Le phénomène est en hausse : l'an dernier, 12 % des budgets publicitaires des ministères et organismes de l'État québécois allaient à ces plateformes étrangères, soit 3 % de plus que l'année précédente. Et ce, au détriment des médias traditionnels, nationaux et régionaux.

Les médias communautaires veulent leur juste part

L'Association des médias écrits communautaires du Québec a dit souhaiter elle aussi avoir sa part du gâteau publicitaire gouvernemental.

Il est primordial que les médias écrits communautaires reçoivent leur juste part de la publicité gouvernementale, comme il est décrit dans l'énoncé de politique gouvernementale concernant les dépenses de placement publicitaire, écrit-elle dans son mémoire.

Les ministères et organismes gouvernementaux doivent en principe consacrer au moins 4 % de leurs dépenses annuelles en placements publicitaires auprès des médias communautaires.

Il est impératif que le gouvernement respecte son engagement, peut-on lire dans le mémoire de l'association.

Mardi, en mêlée de presse, le député caquiste de Beauce-Sud, Samuel Poulin, un des membres de la commission qui se penche sur l'avenir des médias, a invité tout le monde à mener une réflexion sur la façon dont l'État gère ses budgets publicitaires.

Il a ajouté que le gouvernement devrait faire un effort supplémentaire pour privilégier les médias traditionnels, auxquels une importante source de revenus a échappé au fil des ans.

Pour sauver les emplois des entreprises de presse, le gouvernement devrait par ailleurs créer des programmes d'aide aux médias qui financent directement les journalistes, sous forme de crédits d'impôt, selon la FPJQ.

La fédération rassemble environ 1800 journalistes œuvrant dans plus de 250 médias écrits et électroniques.

Des chiffres alarmants

Selon un rapport du Forum des politiques publiques du Canada, pas moins de 225 hebdos et 27 quotidiens ont fermé leurs portes à travers le pays, depuis 2010.

La FPJQ revendique aussi que les gouvernements publient à nouveau les avis publics dans les médias régionaux.
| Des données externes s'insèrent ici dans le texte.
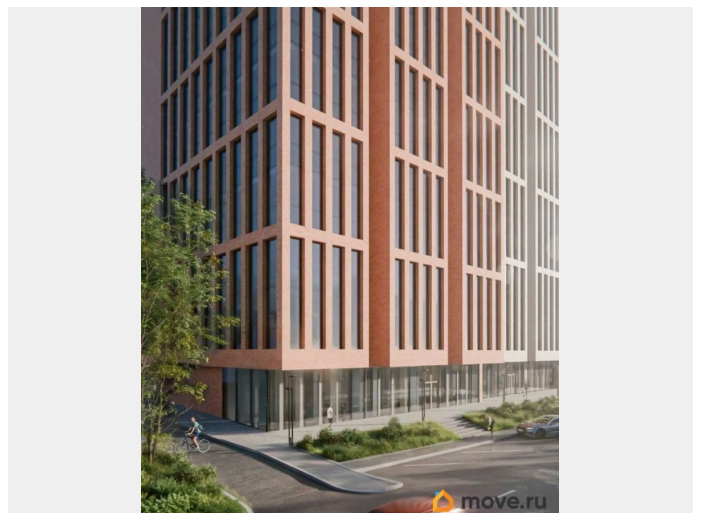

## Описание

Первый проект бизнес класса в Самаре  
объединивший жилую и деловую среду  
Стильная авторская архитектура в сочетании  
стекла, алюминия и клинкерной плитки  
Закрытый приватный двор только для  
резидентов Заботливая сервисная служба  
24/7 в лобби на 1 этаже Безупречный вид на  
Волгу из 90% квартир выше 8го этажа Высота  
потолков до 3м от стяжки пола Окна от пола  
до потолка с алюминиевым профилем без  
подоконников Внутрипольные конвекторы  
Персональные колясочные к каждой  
квартире на этаже в подарок Подземный  
паркинг с доступом к квартире, наземная  
гостевая парковка для резидентов

Si la société n'encourage pas ces journaux, ils vont mourir, a commenté la directrice générale de la FPJQ, Catherine Lafrance.

La Centrale des syndicats du Québec (CSQ) est venue de son côté affirmer qu'une solution à la crise des médias devait passer par un renforcement du mandat confié à Télé-Québec en région.

Avec davantage de moyens, Télé-Québec pourrait produire des émissions d'affaires publiques et des bulletins d'information régionale, selon la centrale syndicale.

La commission entendra au total 36 intervenants d'ici vendredi. De plus, elle a reçu 62 mémoires de personnes, d'entreprises et d'organismes préoccupés par l'avenir des médias.

Mercredi, plusieurs gros acteurs sont attendus : le Groupe Capitales Médias (dont les six quotidiens régionaux sont au bord de la faillite), Québecor, La Presse, Le Devoir, Métro Média et Cogeco Média, notamment.